In recent years the Syrian city of Raqqa has been the so-called capital of the barbarian militants known as Islamic State (IS) or Daesh.
IS are one of the most brutal terrorist organisations in modern world history, which is a hideous historical achievement given the savagery that there has been in many parts of the world in different times in recent centuries.
Few regimes, wherever they have been based or whatever the time, however, have stooped to horrors such as cutting off the heads of chosen victims slowly with knives, while they are awake.
IS have also used their ‘caliphate’ as the base from which to plan and order terror attacks on the western world that have been equally depraved, and aimed at slaughtering as many ‘infidel’ civilians as possible.
It is important news that Raqqa seems now to have been liberated from the grip of IS.
This is, people around the world will hope, the beginning of the end of a dark age for the city and the area around it.

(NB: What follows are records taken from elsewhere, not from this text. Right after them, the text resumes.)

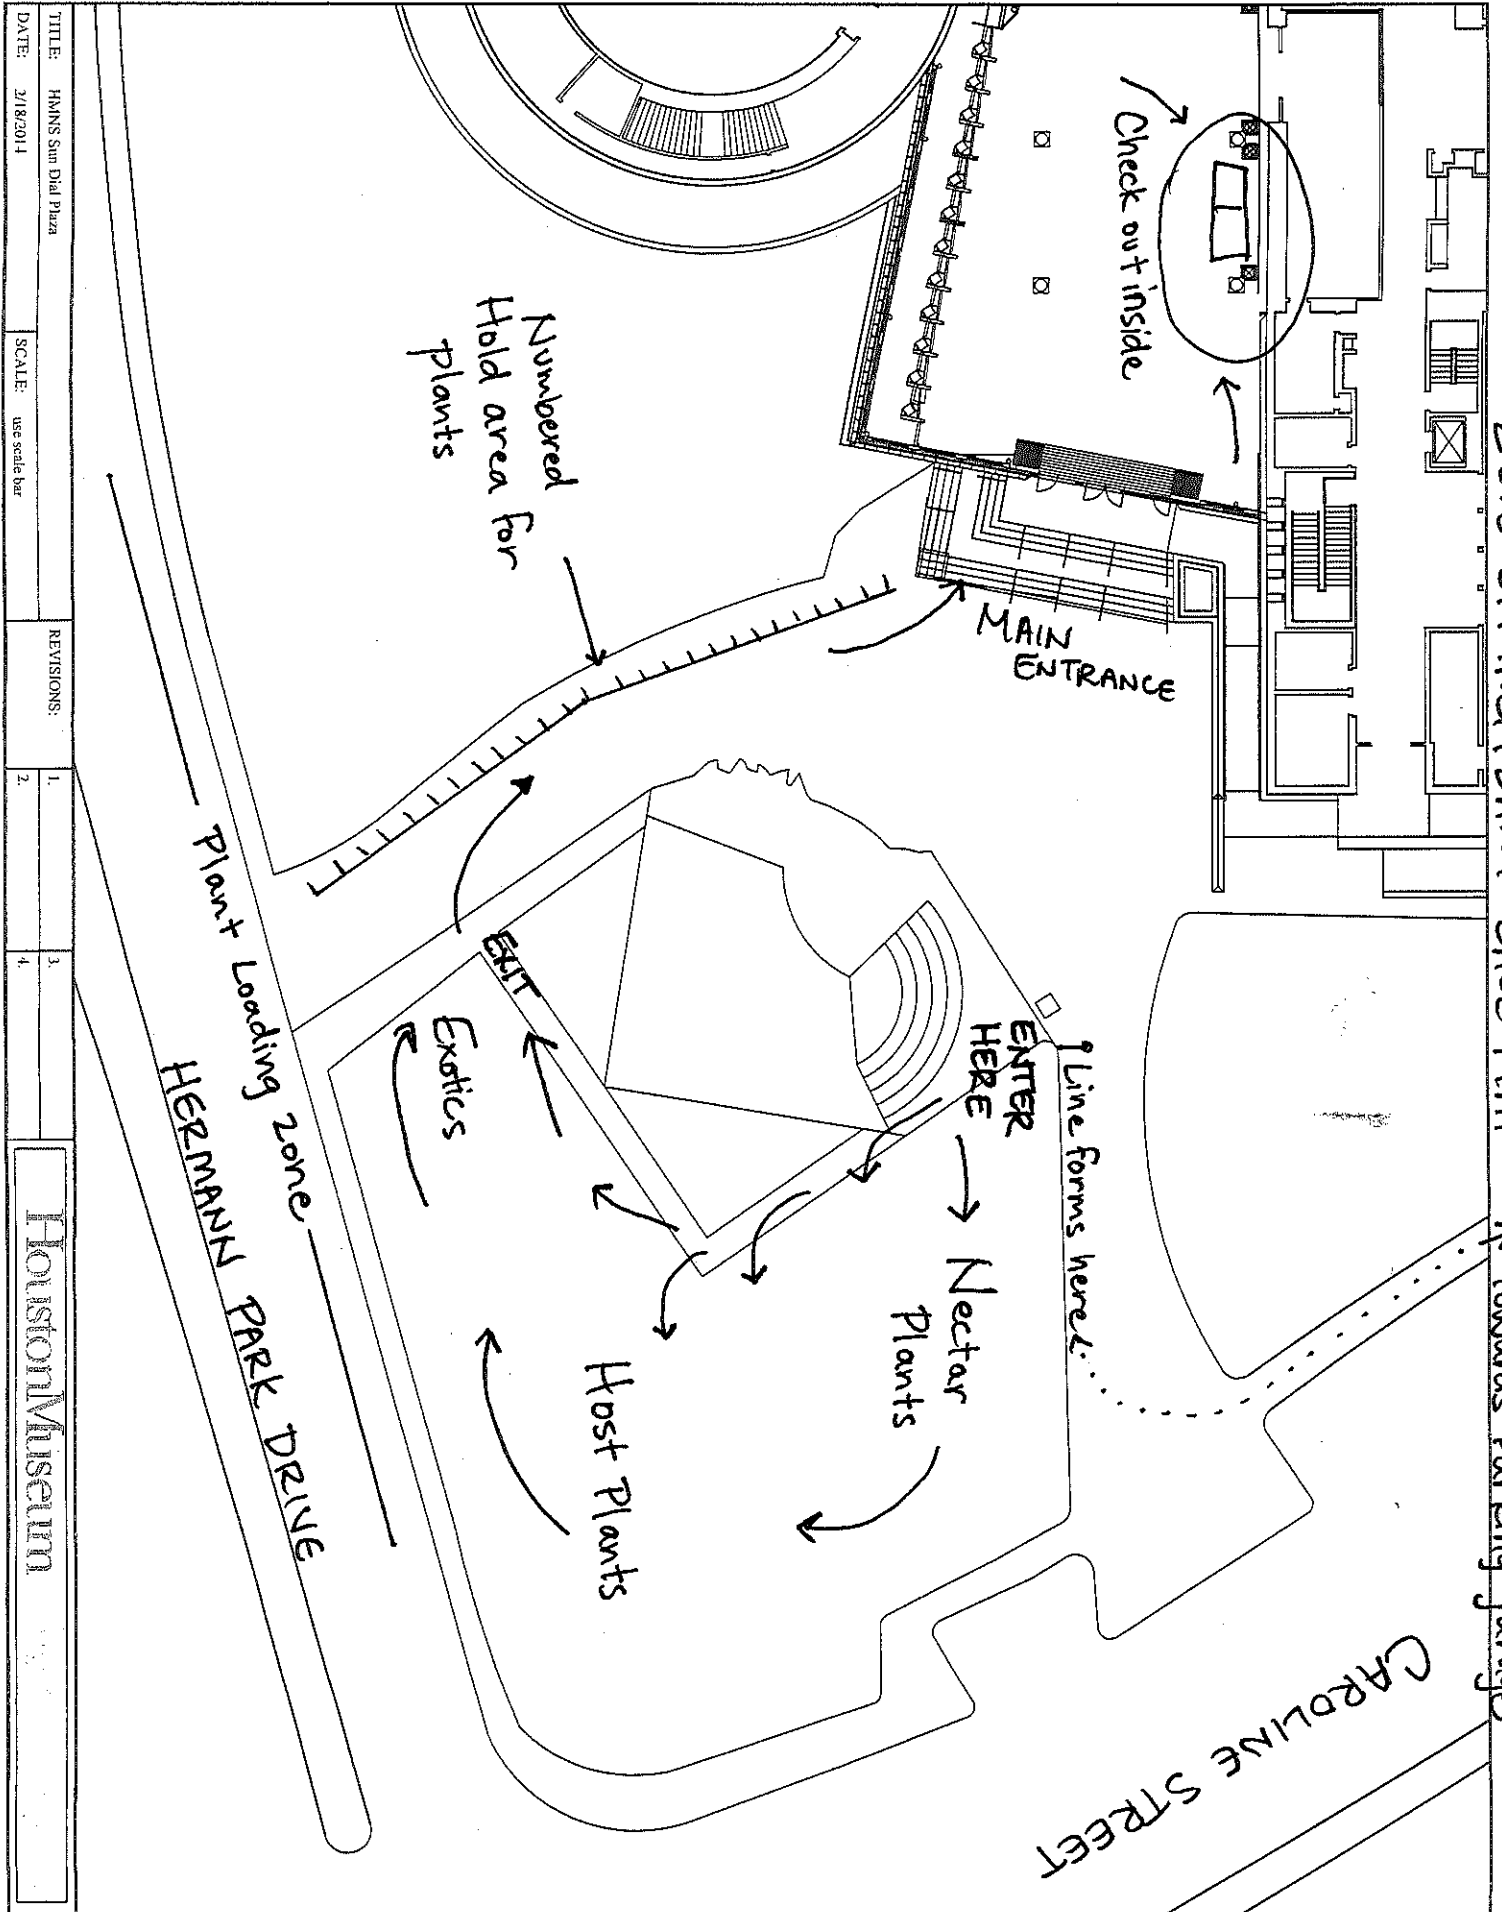

# 2018 SPRING PLANT SALE MAP

→ towards Parking garage

TITLE:	HAINS Sun Dial Plaza	REVISIONS:	1.	3.
DATE:	2/18/2011	SCALE:	2.	4.
		Houston Museum		
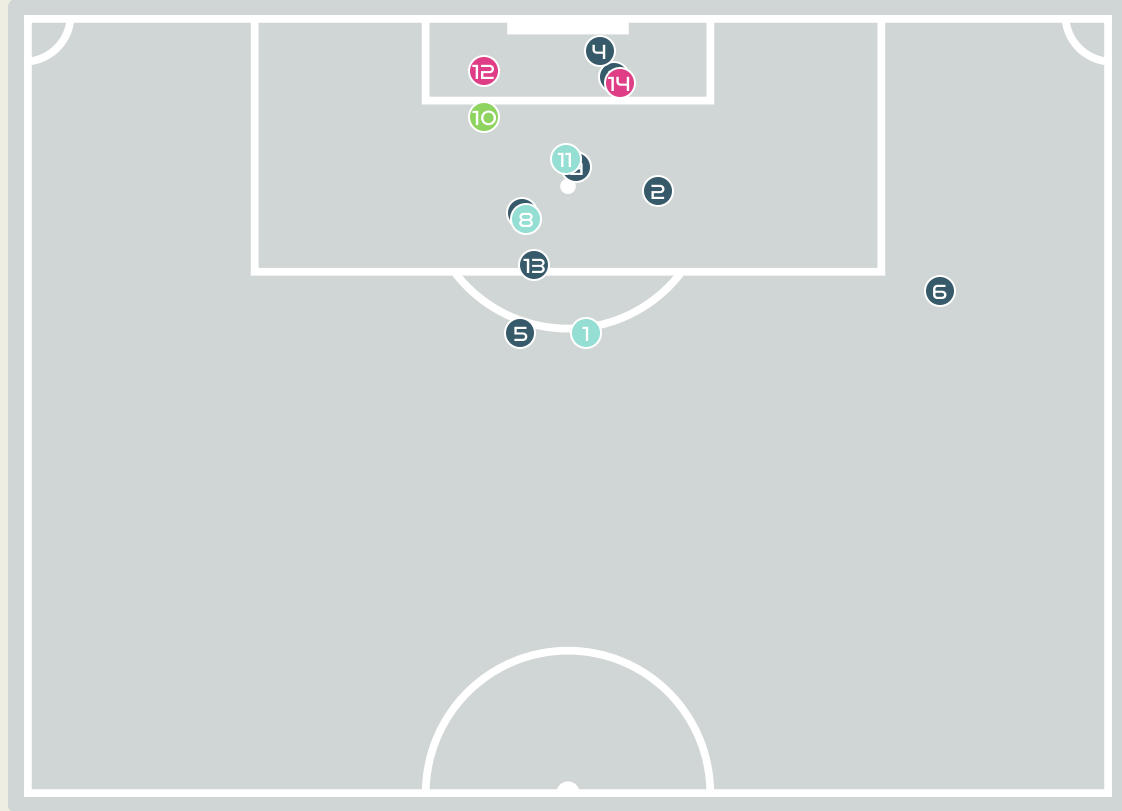

Goalkeeping Distribution

Goalkeeping Distribution

Goal Prevention

11
Total Attempts on Goal Faced

75
Save %

Total Attempts on Goal Faced	Total Goal Interventions	Save & Retain	Deflect & Retain	Save & Deflect	Save Attempt	No Save Attempt
11	2	1	0	1	1	7

Goal Prevention

14
Total Attempts on Goal Faced

67
Save %

Total Attempts on Goal Faced	Total Goal Interventions	Save & Retain	Deflect & Retain	Save & Deflect	Save Attempt	No Save Attempt
14	5	3	0	2	1	8

Aerial Control
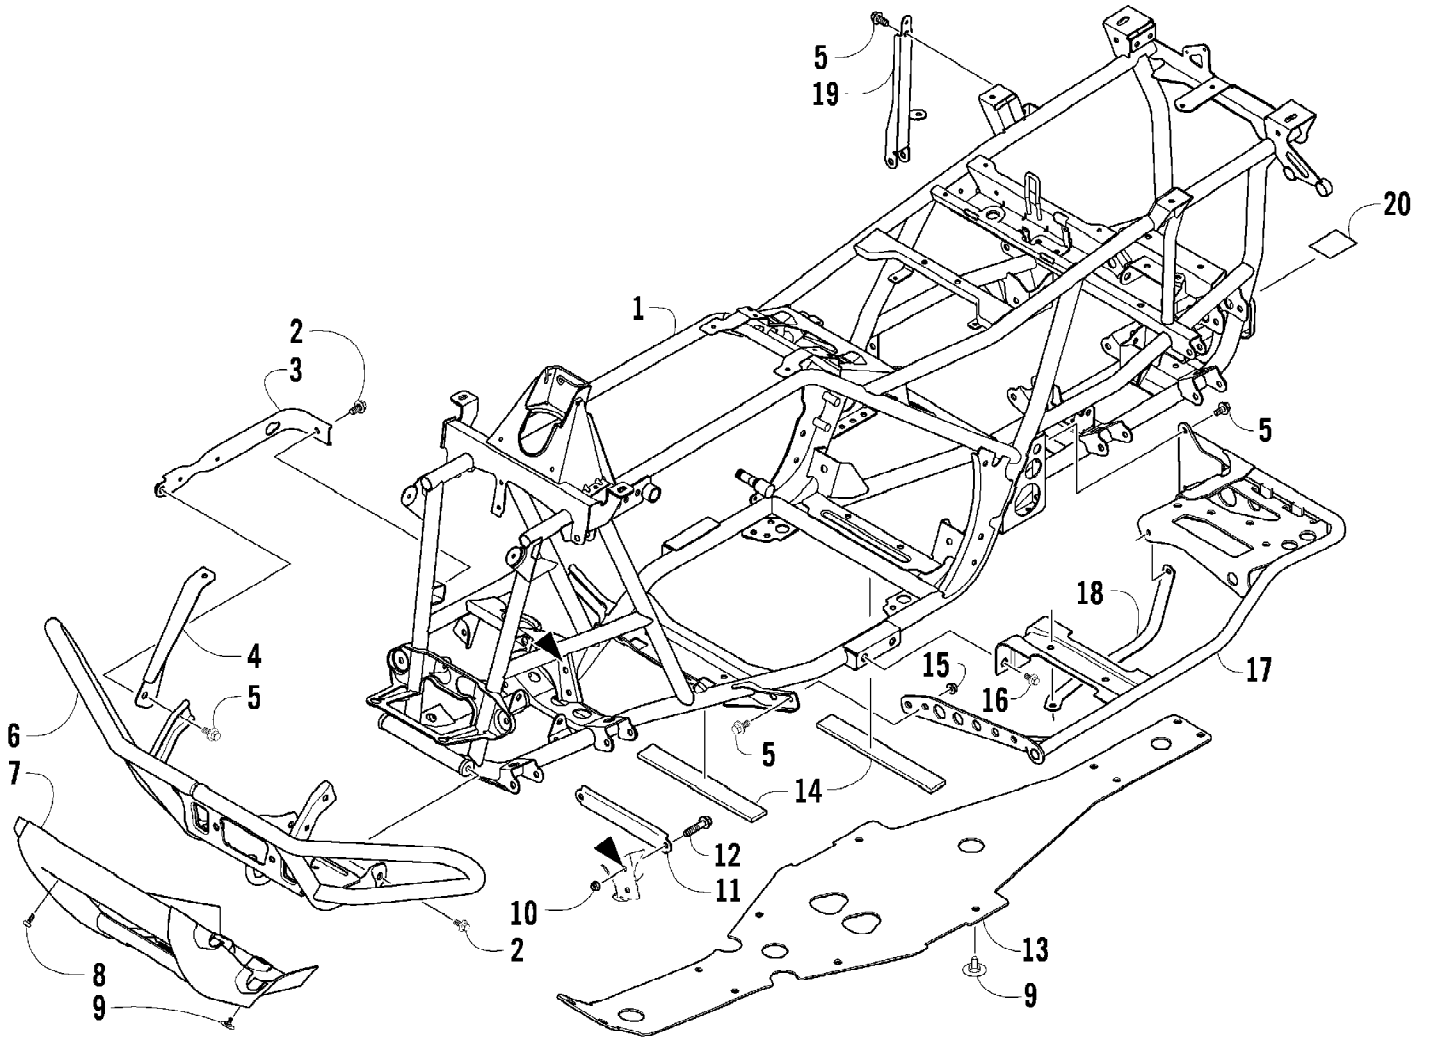

2009 ATV 550 TRV STEEL BLUE (A2009TBO4EUSV)
FRAME AND RELATED PARTS

Page 30 of 87

Ref #	Part Number	Qty	S/P/F	Description
1	2506-881	1		Frame, Main
2	8409-020	4	/P	Screw, Cap
3	1506-596	1	/P	Channel, Bumper Mounting - Right
3	0506-653	1	S	Channel, Bumper Mounting - Left
4	1506-562	1		Bracket, Mounting - Bumper - Right
4	1506-563	1		Bracket, Mounting - Bumper - Left
5	8408-816	11		Screw, Cap
6	1506-855	1	/P	Bumper
7	1406-360	1		Grille, Bumper
8	0423-419	2		Screw, Machine
9	0423-101	12		Screw, Shoulder
10	0423-744	2		Nut, Lock
11	1506-429	1	S	Brace, A-Arm
12	8409-025	2		Screw, Cap
13	2406-091	1		Panel, Belly
14	0406-289	2		Pad, Frame
15	8424-802	4		Nut
16	8409-016	4		Screw, Cap
17	1506-848	1		Footrest - Right
17	1506-849	1		Footrest - Left
18	2406-216	1		Strap, Footrest - Right
18	2406-217	1		Strap, Footrest - Left
19	2506-447	1		Bracket, Support
20	1411-077	1		Decal, Warning - Towing

But there is much more to do to fight this terrible organisation in its other strongholds in Iraq and Syria.
Since the ill fated allied invasion of Iraq in 2003 there has been intense debate about the merit of western involvement in overseas conflict.
That debate is far from resolved, as President Donald Trump steps up American involvement in Afghanistan for example.
But one thing does seem clear from the rise of a group as dangerous as Islamic State: it will not be feasible for Europe and the United States to stand entirely aloof from what is happening in Syria and the countries around it. When whole territories are ceded to organisations such as IS or the Taleban, there is a risk that the regions they control will be used as a base to orchestrate large scale international terror attacks.
This is a worrying time for the world, but perhaps the long suffering people of Raqqa will now enjoy some relief from their agony.